The document described a model called Claude Mythos, internally codenamed Capybara — a model Anthropic called “by far the most powerful AI model we’ve ever developed.” The irony was almost cosmic: an AI company warning the world about unprecedented cybersecurity risks had accidentally left its most sensitive product announcement in a publicly searchable folder, just waiting to be found.

Anthropic, to its credit, didn’t deny it. A spokesperson confirmed to Fortune that yes, the model was real, yes, it represented “a step change,” and yes, it was already in the hands of early access customers. Then the company quietly locked the data store, and the internet exploded.

This article is about what that leak revealed, what it implies about how Anthropic actually builds its tools, how a model like Mythos might be used to improve AI from the inside out, and whether — in the background of all this — Anthropic has already quietly crossed the threshold that every lab says it hasn’t crossed yet: AGI.

Part I: What Is Claude Mythos?

The Accidental Announcement

The leaked draft blog post was structured like a formal product launch page — complete with headings, a publication date, benchmarks, and a staged rollout strategy. This wasn’t a speculative whiteboard session. Anthropic had completed training on Mythos and was actively running it with select customers at the time of the leak.

The confirmed details are striking. The model’s codename is Capybara, its official name is Claude Mythos — speculated by some analysts to be Claude Mythos 5.0 or Capybara 5.0 based on internal testing screenshots circulating as of March 30, 2026. More significantly, it occupies a brand-new tier in Anthropic’s model hierarchy, sitting above Opus in a position that has never existed before. Previously the ranking ran Haiku → Sonnet → Opus; Capybara/Mythos sits above all of them. Multiple sources have cited leaked materials pointing to a 10-trillion parameter model.

As of this writing, it remains in internal beta, available to a small group of early-access customers and not yet publicly released. Internal documents describe it as expensive to run and not ready for general availability. Its performance, per the leaked post, is described as “dramatically higher” than Claude Opus 4.6 on “tests of software coding, academic reasoning, and cybersecurity, among others.”

The Cybersecurity Bombshell

The part of the leak that triggered a market sell-off and congressional briefing requests wasn’t the model’s existence — it was what Anthropic said about it internally.

In its own draft blog post, Anthropic wrote that Mythos is “currently far ahead of any other AI model in cyber capabilities” and that it “presages an upcoming wave of models that can exploit vulnerabilities in ways that far outpace the efforts of defenders.”

This language didn’t come from a critic or a regulator. This was Anthropic talking to itself — and it is genuinely alarming.

As Axios reported, Anthropic has been privately warning top government officials that Mythos could make large-scale cyberattacks dramatically more likely in 2026. The model, once deployed, can operate agents with what’s described as “wild sophistication and precision” to autonomously penetrate systems.

To illustrate how serious this claim is, consider what was demonstrated with the current model — not Mythos — at the [un]prompted conference in San Francisco just days after the leak. Anthropic researcher Nicholas Carlini showed Claude Opus 4.6 independently cracking a 20-year-old Linux kernel vulnerability in 90 minutes, and exploiting a never-before-discovered SQL injection bug in a GitHub-popular CMS, without any human guidance. That was the older model. Mythos is supposed to be dramatically more capable than that.

Why Is It Being Held Back?

The rollout strategy in the leaked document is telling: Anthropic planned to release Mythos first to cybersecurity organizations, giving defenders a head start before offensive actors can weaponize it. This is a highly unusual and arguably unprecedented approach to a model launch — and it raises a question the AI industry has never quite had to answer before: what do you do when the thing you’ve built is dangerous enough that the launch strategy has to account for it before day one?

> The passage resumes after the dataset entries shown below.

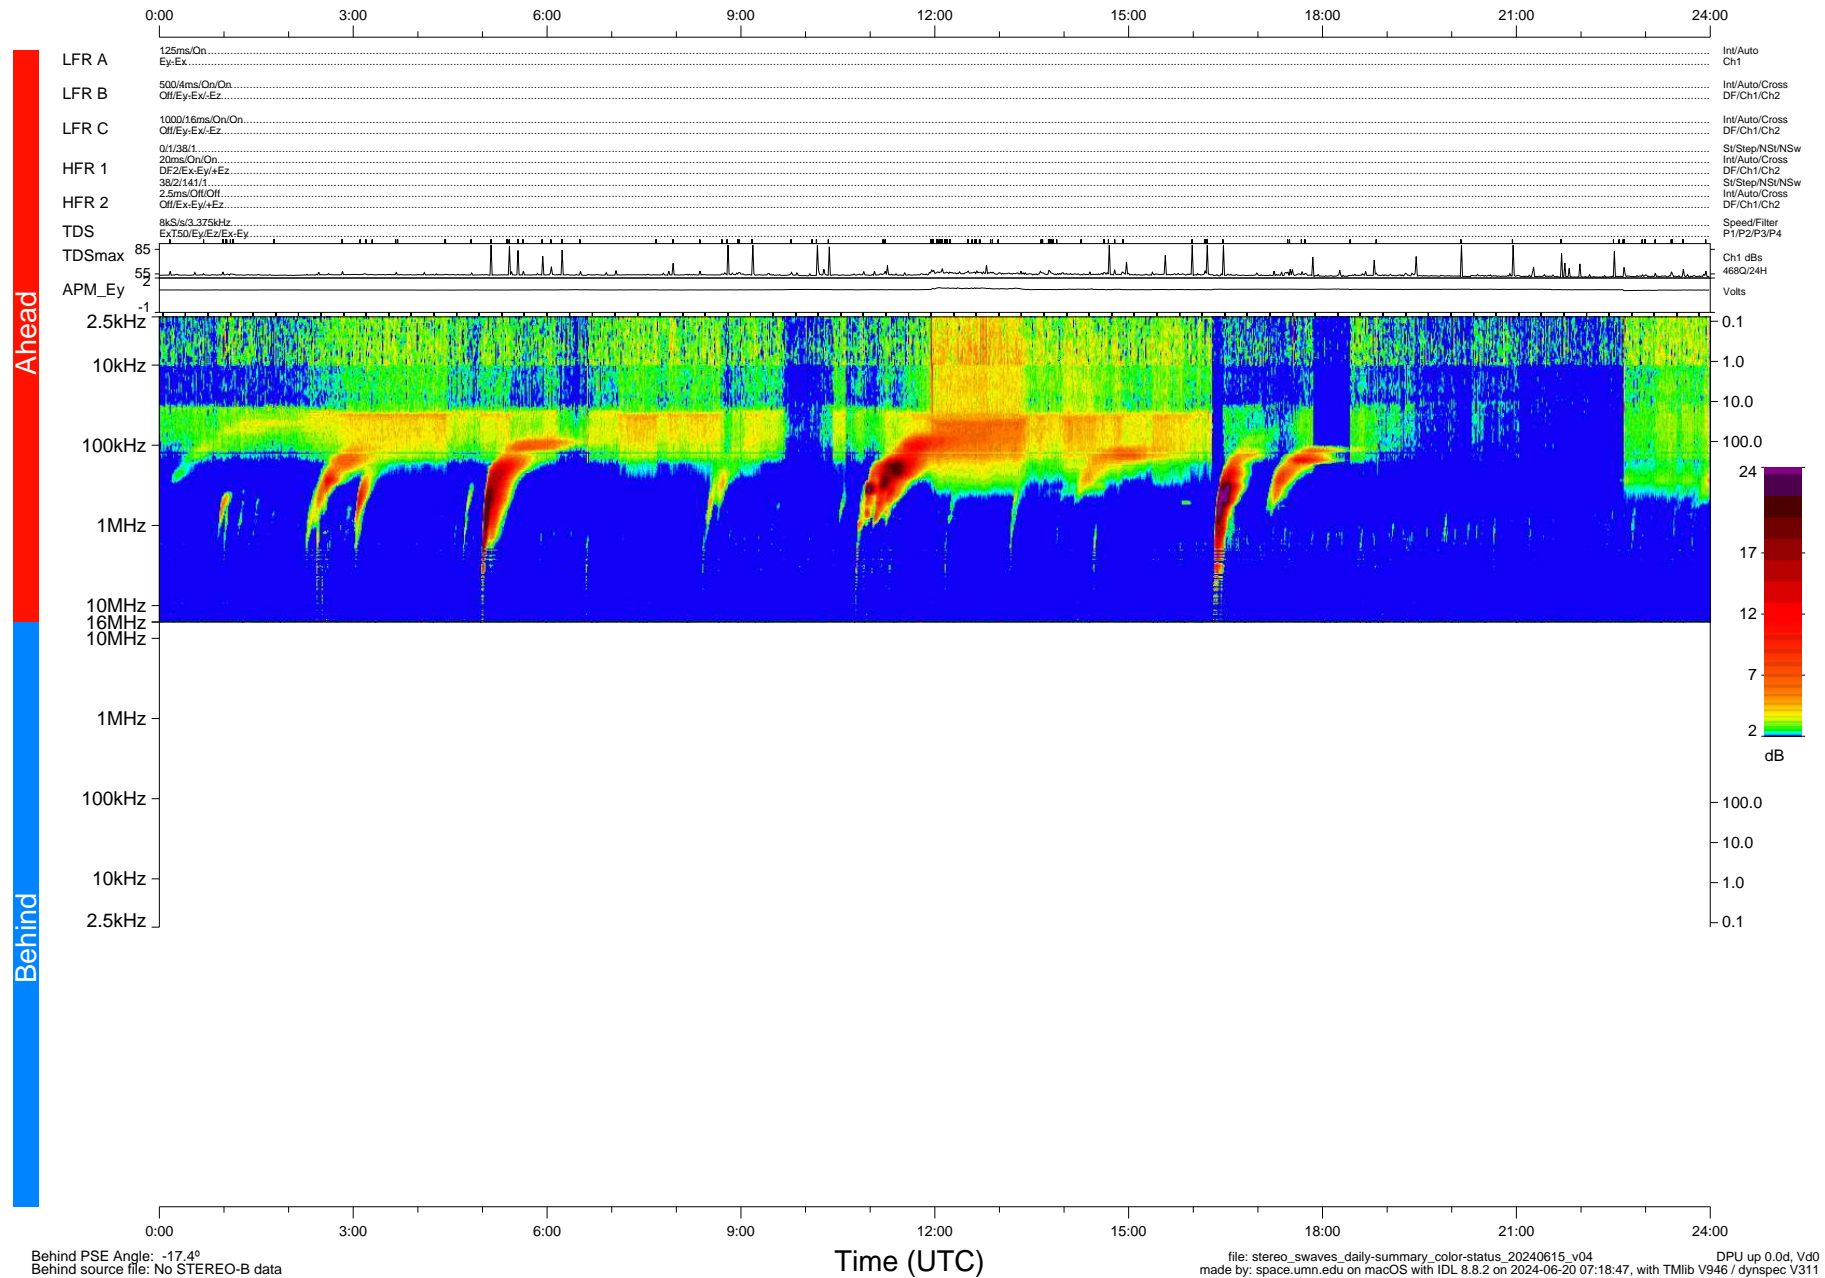

# STEREO/WAVES Daily Summary - 15-Jun-2024 (DOY 167)

Ahead source file: swaves\_ahead\_2024\_167\_1\_04.ptp (Recovery: 100.0% HK, 121% Pkts)  
 Ahead PSE Angle: 16.0°

DPU up 604.4d, V412d40

Behind PSE Angle: -17.4°  
 Behind source file: No STEREO-B data

Time (UTC)

file: stereo\_swaves\_daily-summary\_color-status\_20240615\_v04 DPU up 0.0d, Vd0  
 made by: space.umn.edu on macOS with IDL 8.8.2 on 2024-06-20 07:18:47, with TMIib V946 / dynspec V311

Industry analysts are also speculating that the Mythos release timing may be calibrated against Anthropic’s anticipated Q3 2026 IPO, adding a commercial dimension to the delay calculus. A Polymarket prediction market opened on the model’s release date, currently sitting at a 73% probability of a June 2026 launch. Whether the leak accelerates or delays that timeline remains to be seen.

Part II: Was Mythos Used to Build Anthropic’s Own Tools?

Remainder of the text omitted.